**Exercise**. Among the records below, the line containing "616 N. 48th St, Phoenix - Iron Mountain" marks the start. Output it and all lines after it exactly.

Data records
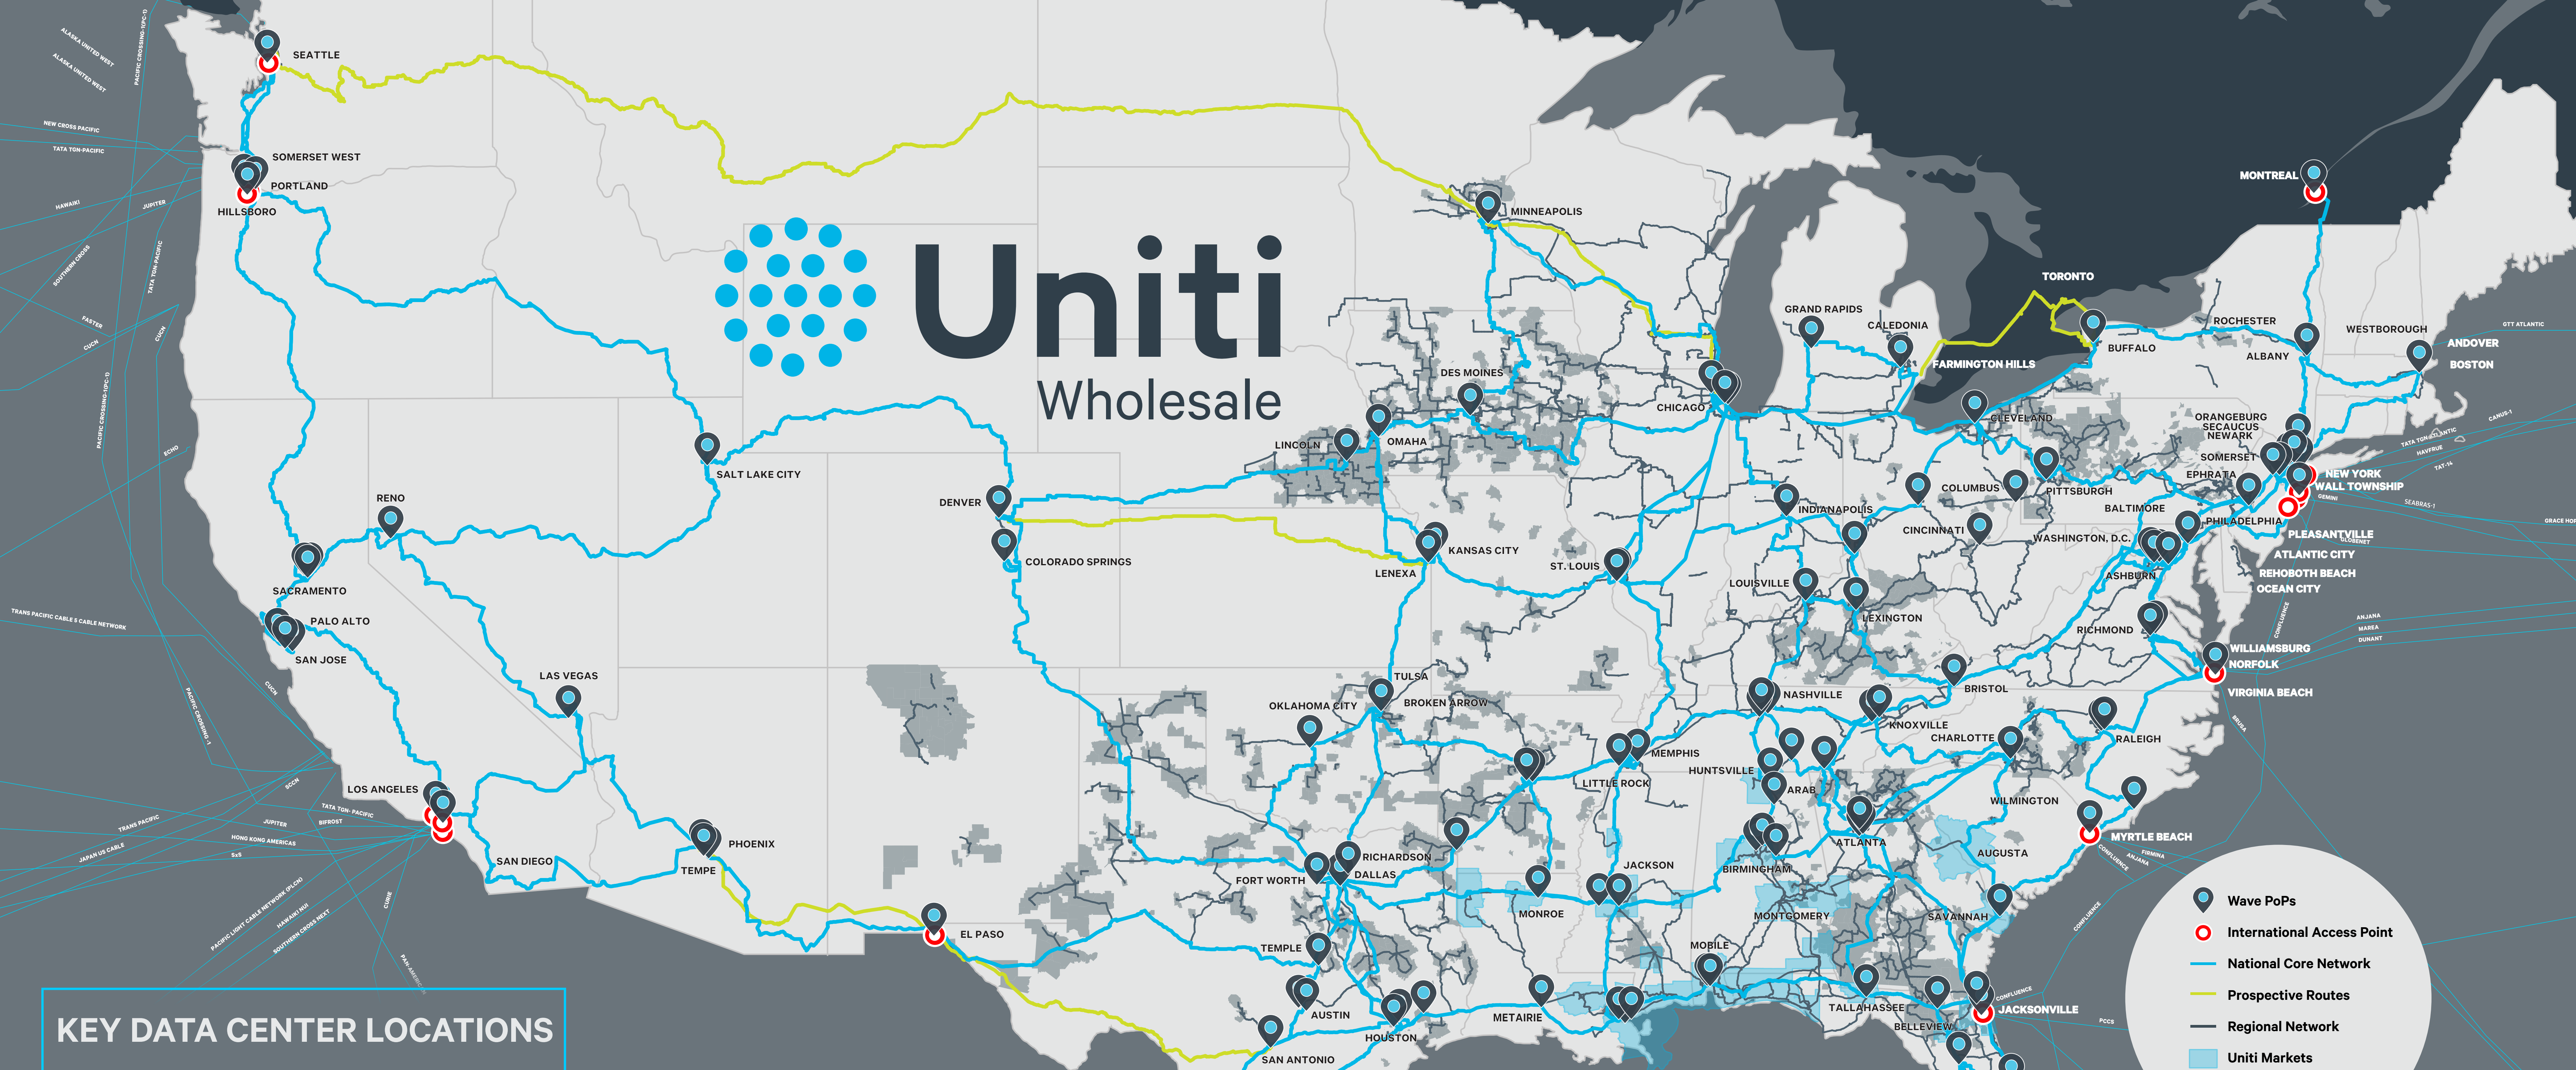

Uniti Wholesale

KEY DATA CENTER LOCATIONS

ALABAMA
446 Dexter Ave, Montgomery - RSA
439 6th St, Birmingham - DC BLOX
1571 W Sanford Ave, Auburn - ALUBV
630 18th St, N, Birmingham - Southern Co
900 Appalachian St, Birmingham - Uniti
8600 Memorial Pkwy, SE, Huntsville - Uniti
31972 Hwy 25, Wilsonville - Uniti
113 S. Main, Arab - CogNetSpeed
650 Clinic Dr, Mobile - USA
204 E. Jefferson St, Montgomery - Southern Telecom (ST)

ARKANSAS
15707 Chenal Pkwy, Little Rock - TierPoint

ARIZONA
123 E. Van Buren St, Phoenix - Digital Realty (DRT), OTS
616 N. 48th St, Phoenix - Iron Mountain
3402 E. University Dr, Phoenix - PhoenixNAP
1710 E. Grant St, Phoenix - Uniti
3011 S. 52nd St, Tempe - EdgeconneX
2335 S. Ellis St, Chandler - CyrusOne

CALIFORNIA
530 W. 6TH ST, Los Angeles - Uniti
600 W. 7th St, Los Angeles - Equinix, Digital Realty
624 S. Grand Ave, Los Angeles - CoreSite
900 N. Alameda St, Los Angeles - CoreSite
529 Bryant St, Palo Alto - Equinix
55 S. Market St, San Jose - CoreSite
9 Great Oaks Blvd, San Jose - Equinix
1625 W. National Dr, Sacramento - Raging Wire
1200 Striker Ave, Sacramento - Raging Wire
1332 Striker Ave, Sacramento - Raging Wire
1107 9th St, Sacramento - Zayo
3035 Stender Way, Santa Clara - CoreSite
2407 AK St, McClellan Park - Prime Data Centers
3063 Stender Way, Santa Clara - CoreSite
48233 Warm Springs Rd, Fremont - Hurricane Electric
7014 Manya Cir, San Diego - MDC

COLORADO
910 15th St, Denver - CoreSite
1780, 1st Street Dr, Colorado Springs - Uniti
8535 Highfield Pl, Denver - EdgeconneX
2975 Walnut St, Englewood - Uniti

DELAWARE
645 Paper Mill Rd, Newark - OTS

FLORIDA
6503 Rodgers Circle, Boca Raton - Telxius
402 2nd Ave S, Jacksonville Beach - Telefonica CLS
421 W. Church St, Jacksonville - Coglix
50 NE. 9th St, Miami - Equinix
100 N. Biscayne Blvd, Miami - Uniti
5140 Congress Ave, Boca Raton - AT&T

**Response**.
616 N. 48th St, Phoenix - Iron Mountain
3402 E. University Dr, Phoenix - PhoenixNAP
1710 E. Grant St, Phoenix - Uniti
3011 S. 52nd St, Tempe - EdgeconneX
2335 S. Ellis St, Chandler - CyrusOne

CALIFORNIA
530 W. 6TH ST, Los Angeles - Uniti
600 W. 7th St, Los Angeles - Equinix, Digital Realty
624 S. Grand Ave, Los Angeles - CoreSite
900 N. Alameda St, Los Angeles - CoreSite
529 Bryant St, Palo Alto - Equinix
55 S. Market St, San Jose - CoreSite
9 Great Oaks Blvd, San Jose - Equinix
1625 W. National Dr, Sacramento - Raging Wire
1200 Striker Ave, Sacramento - Raging Wire
1332 Striker Ave, Sacramento - Raging Wire
1107 9th St, Sacramento - Zayo
3035 Stender Way, Santa Clara - CoreSite
2407 AK St, McClellan Park - Prime Data Centers
3063 Stender Way, Santa Clara - CoreSite
48233 Warm Springs Rd, Fremont - Hurricane Electric
7014 Manya Cir, San Diego - MDC

COLORADO
910 15th St, Denver - CoreSite
1780, 1st Street Dr, Colorado Springs - Uniti
8535 Highfield Pl, Denver - EdgeconneX
2975 Walnut St, Englewood - Uniti

DELAWARE
645 Paper Mill Rd, Newark - OTS

FLORIDA
6503 Rodgers Circle, Boca Raton - Telxius
402 2nd Ave S, Jacksonville Beach - Telefonica CLS
421 W. Church St, Jacksonville - Coglix
50 NE. 9th St, Miami - Equinix
100 N. Biscayne Blvd, Miami - Uniti
5140 Congress Ave, Boca Raton - AT&T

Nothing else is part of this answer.